В 1958 году меня разыскал мой однокашник Вася Крашенинников, по профессии врач. В старости люди начинают тянуться к полузабытым друзьям детства, отрочества. Крашенинников решил собрать тех наших школьных товарищей, которые еще остались в живых и находятся в Москве. Мы ужинали в ресторане «Прага», пятеро граждан того возраста, который теперь называют «преклонным», вспоминали школьные проказы, учителей, девочек.

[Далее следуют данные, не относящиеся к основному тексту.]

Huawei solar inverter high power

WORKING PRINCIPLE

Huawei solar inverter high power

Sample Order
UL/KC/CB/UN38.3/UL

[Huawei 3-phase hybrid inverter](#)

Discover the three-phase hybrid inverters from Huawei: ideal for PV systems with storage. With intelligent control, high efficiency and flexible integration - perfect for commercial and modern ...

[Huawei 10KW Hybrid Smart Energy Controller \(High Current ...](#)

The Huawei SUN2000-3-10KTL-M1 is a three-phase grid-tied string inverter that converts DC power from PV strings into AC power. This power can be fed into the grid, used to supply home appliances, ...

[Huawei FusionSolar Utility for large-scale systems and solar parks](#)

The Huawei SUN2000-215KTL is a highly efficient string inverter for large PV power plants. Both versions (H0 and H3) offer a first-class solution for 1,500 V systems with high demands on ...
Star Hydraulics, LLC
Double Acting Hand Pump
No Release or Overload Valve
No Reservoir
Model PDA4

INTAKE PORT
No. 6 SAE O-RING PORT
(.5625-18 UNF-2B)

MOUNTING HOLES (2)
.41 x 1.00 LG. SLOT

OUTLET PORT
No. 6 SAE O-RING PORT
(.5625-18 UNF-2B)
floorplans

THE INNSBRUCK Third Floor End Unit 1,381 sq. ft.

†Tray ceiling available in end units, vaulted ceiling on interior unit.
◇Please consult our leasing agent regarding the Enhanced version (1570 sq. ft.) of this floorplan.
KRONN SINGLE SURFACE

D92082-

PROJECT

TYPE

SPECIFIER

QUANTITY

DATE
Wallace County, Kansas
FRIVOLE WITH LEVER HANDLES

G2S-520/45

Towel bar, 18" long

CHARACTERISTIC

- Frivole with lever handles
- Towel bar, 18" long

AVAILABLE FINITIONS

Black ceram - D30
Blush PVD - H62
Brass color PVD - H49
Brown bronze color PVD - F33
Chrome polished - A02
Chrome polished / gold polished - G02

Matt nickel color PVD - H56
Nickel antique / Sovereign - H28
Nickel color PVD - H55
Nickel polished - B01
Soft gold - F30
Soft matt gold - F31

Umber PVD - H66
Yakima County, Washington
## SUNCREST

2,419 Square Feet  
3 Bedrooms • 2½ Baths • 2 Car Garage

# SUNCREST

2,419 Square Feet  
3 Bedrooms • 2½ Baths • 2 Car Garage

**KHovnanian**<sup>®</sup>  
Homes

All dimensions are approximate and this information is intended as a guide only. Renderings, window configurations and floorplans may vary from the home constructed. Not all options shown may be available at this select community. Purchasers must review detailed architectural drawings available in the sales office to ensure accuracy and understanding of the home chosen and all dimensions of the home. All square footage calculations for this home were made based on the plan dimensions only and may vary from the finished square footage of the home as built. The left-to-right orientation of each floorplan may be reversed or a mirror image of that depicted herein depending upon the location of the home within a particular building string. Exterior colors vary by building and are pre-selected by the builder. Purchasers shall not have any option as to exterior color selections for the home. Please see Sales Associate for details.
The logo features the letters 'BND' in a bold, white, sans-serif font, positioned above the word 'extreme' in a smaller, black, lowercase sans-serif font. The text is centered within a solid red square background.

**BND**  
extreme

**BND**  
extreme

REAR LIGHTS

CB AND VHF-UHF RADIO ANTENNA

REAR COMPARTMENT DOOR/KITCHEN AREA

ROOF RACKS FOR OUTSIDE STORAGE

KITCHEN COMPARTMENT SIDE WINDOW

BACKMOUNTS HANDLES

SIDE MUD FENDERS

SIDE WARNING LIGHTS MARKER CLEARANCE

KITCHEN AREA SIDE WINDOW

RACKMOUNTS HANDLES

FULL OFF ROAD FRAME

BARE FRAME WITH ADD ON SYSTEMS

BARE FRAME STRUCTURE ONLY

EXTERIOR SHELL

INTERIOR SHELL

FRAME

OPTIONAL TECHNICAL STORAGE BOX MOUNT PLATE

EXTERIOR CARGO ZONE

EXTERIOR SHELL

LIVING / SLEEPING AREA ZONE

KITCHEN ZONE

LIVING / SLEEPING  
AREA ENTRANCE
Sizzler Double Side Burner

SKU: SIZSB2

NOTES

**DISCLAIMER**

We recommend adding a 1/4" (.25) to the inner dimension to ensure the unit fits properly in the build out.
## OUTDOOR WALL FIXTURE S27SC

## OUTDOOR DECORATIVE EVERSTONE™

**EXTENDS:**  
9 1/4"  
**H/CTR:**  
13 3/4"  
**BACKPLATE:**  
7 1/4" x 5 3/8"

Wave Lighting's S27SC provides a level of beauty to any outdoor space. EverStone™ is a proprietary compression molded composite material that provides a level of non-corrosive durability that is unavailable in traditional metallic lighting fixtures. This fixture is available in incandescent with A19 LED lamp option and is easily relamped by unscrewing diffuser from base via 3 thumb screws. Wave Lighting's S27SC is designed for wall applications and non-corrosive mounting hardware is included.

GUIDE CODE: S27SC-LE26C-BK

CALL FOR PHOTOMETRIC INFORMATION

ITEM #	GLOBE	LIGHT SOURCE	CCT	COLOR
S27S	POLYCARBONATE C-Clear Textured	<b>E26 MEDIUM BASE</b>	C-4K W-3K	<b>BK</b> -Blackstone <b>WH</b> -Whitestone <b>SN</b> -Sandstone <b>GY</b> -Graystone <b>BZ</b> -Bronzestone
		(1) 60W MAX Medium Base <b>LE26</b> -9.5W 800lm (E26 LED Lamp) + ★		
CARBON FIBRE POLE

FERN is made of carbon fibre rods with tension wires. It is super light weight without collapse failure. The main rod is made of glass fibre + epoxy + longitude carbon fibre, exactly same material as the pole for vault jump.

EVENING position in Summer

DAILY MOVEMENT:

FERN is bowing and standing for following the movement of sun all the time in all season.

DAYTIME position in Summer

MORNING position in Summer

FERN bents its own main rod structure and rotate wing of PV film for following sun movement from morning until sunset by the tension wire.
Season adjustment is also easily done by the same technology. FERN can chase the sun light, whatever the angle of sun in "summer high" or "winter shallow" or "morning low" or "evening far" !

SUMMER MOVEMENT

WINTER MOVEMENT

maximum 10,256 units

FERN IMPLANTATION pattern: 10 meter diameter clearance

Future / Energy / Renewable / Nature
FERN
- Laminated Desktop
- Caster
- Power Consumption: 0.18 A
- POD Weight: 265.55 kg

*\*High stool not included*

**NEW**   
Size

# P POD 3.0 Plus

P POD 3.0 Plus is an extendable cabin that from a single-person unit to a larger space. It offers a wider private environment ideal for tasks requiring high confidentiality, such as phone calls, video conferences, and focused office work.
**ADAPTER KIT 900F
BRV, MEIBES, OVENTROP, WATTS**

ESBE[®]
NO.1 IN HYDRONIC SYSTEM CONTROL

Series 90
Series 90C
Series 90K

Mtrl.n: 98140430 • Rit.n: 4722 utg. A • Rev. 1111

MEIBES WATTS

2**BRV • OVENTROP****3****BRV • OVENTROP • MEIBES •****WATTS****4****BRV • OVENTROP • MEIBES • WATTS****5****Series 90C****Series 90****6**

Зал ресторана постепенно заполнился; я сидел спиной к залу и не видел посетителей; вдруг я оглянулся и замер — кругом были неимоверно нарумяненные, растрепанные девушки, мальчишки в клетчатых пиджаках, с перманентом, прямые наследники гимназистов, носивших лазурные фуражки, и студентов-»белоподкладочников». Они танцевали, а когда музыка замолкала, наступала тишина: оживленно беседовали только пять стариков за крайним столиком.
Не знаю, почему судьба сыграла над нами столь злую шутку: мы назначили свидание в том самом месте, где собираются «стиляги». Их, право же, немного. А мы были самыми обыкновенными гимназистами начала века, которые жили, как все, случайно выжили и которые говорили в тот вечер о молодежи нашего времени не с брюзжанием стариков, а с нежностью и доверием.
«Почему тебе не нравилась Валя Козлинская? — спросил меня Крашенинников. — В нее все были влюблены…» Не знаю почему — не помню. Может быть, потому, что я был влюблен в Надю Белобородову? Может быть, потому, что я жил будущим: к величайшему ужасу матери, ко мне приходил студент-боевик Дмитрий, он показывал мне и моим товарищам, как нужно обращаться с револьвером.
6
Прошлое забывается; кое-что можно припомнить, другое ушло навсегда.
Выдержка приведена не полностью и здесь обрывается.